DATA LISTING START

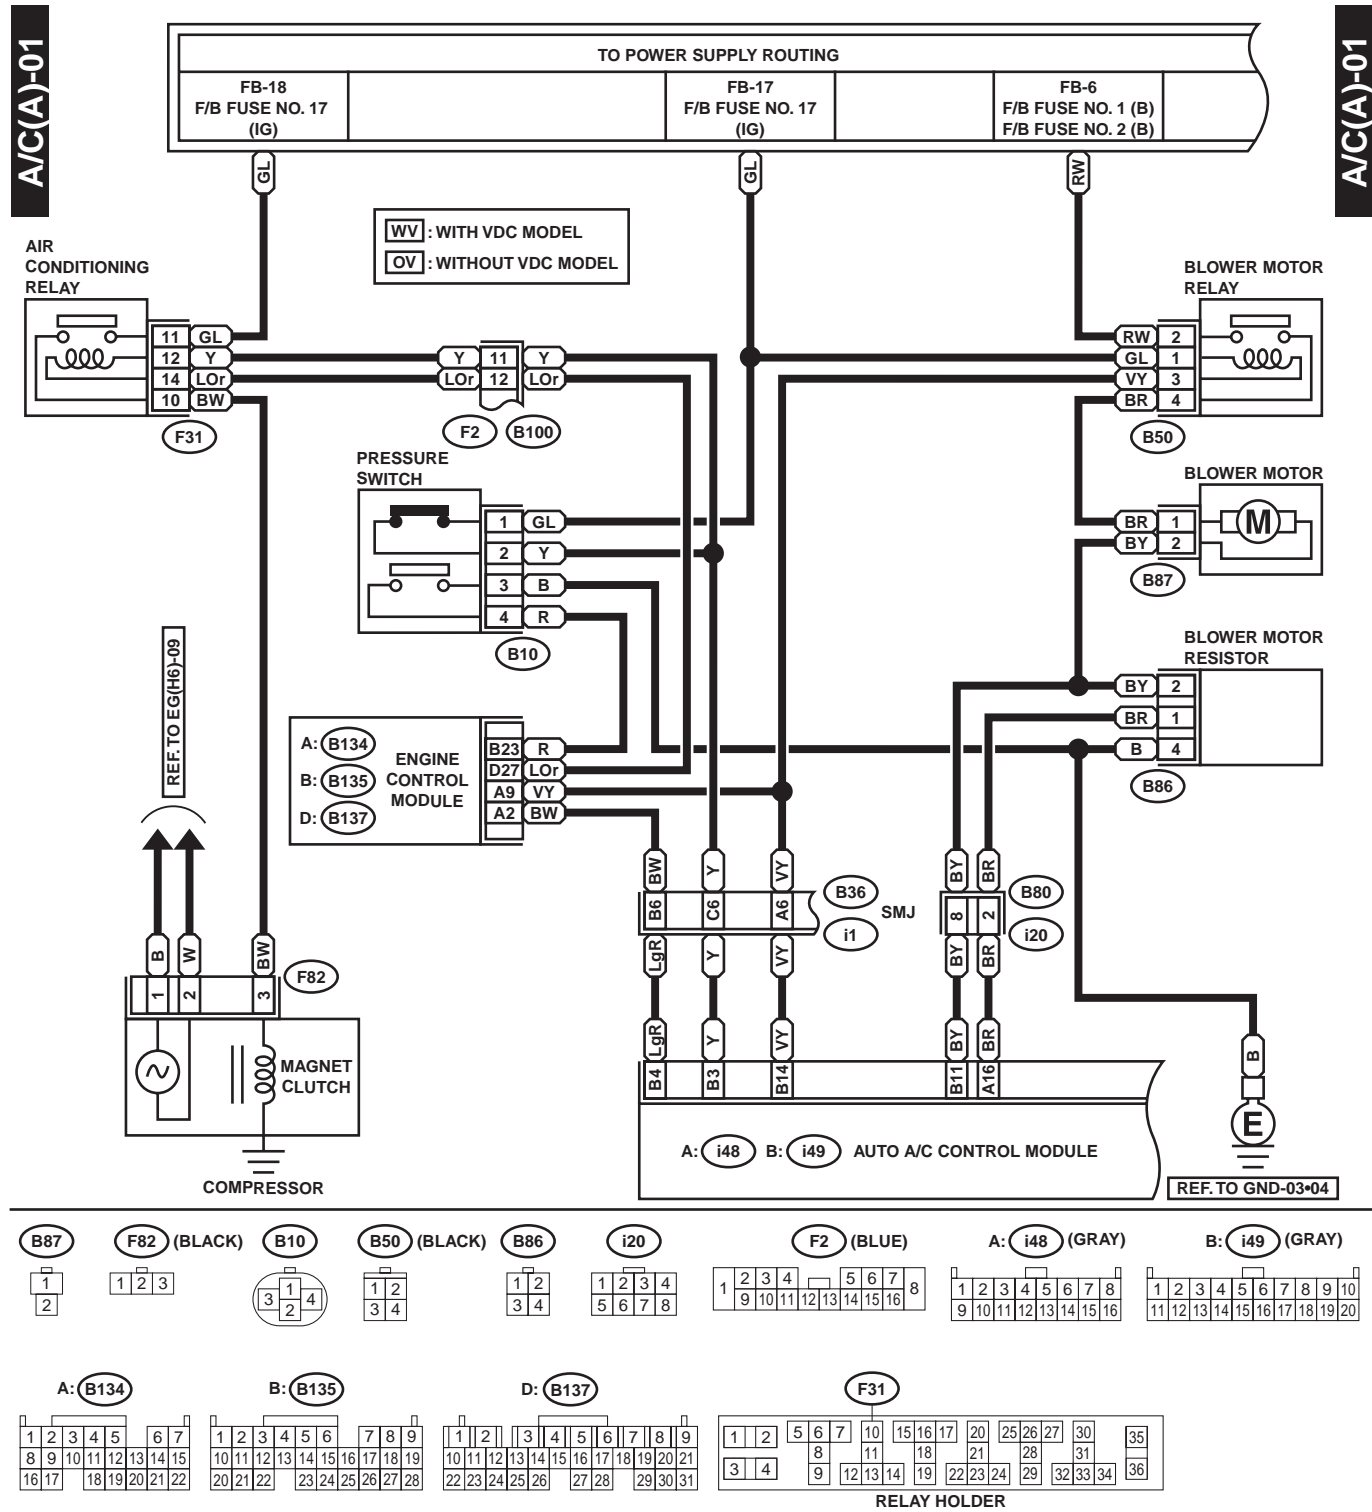

AUTOMATIC AIR CONDITIONING SYSTEM

WIRING SYSTEM

8. Automatic Air Conditioning System

A: SCHEMATIC

WI-00534

AUTOMATIC AIR CONDITIONING SYSTEM

WIRING SYSTEM

A: i48 (GRAY)

1	2	3	4	5	6	7	8
9	10	11	12	13	14	15	16

B: i49 (GRAY)

1	2	3	4	5	6	7	8	9	10
11	12	13	14	15	16	17	18	19	20

B: B55 (GRAY)

1	2	3	4	5	6	7	8	9
10	11	12	13	14	15	16	17	18
19	20	21	22	23	24			

C: B56 (GREEN)

1	2	3	4	5	6	7	8	9
10	11	12	13	14	15	16	17	18
19	20	21	22	23	24

DATA LISTING END

Find the line that contains "A: SCHEMATIC". Repeat it and every line after it, exactly as written, up to and including the last line of the records above.

A: SCHEMATIC

WI-00534

AUTOMATIC AIR CONDITIONING SYSTEM

WIRING SYSTEM

A: i48 (GRAY)

1	2	3	4	5	6	7	8
9	10	11	12	13	14	15	16

B: i49 (GRAY)

1	2	3	4	5	6	7	8	9	10
11	12	13	14	15	16	17	18	19	20

B: B55 (GRAY)

1	2	3	4	5	6	7	8	9
10	11	12	13	14	15	16	17	18
19	20	21	22	23	24			

C: B56 (GREEN)

1	2	3	4	5	6	7	8	9
10	11	12	13	14	15	16	17	18
19	20	21	22	23	24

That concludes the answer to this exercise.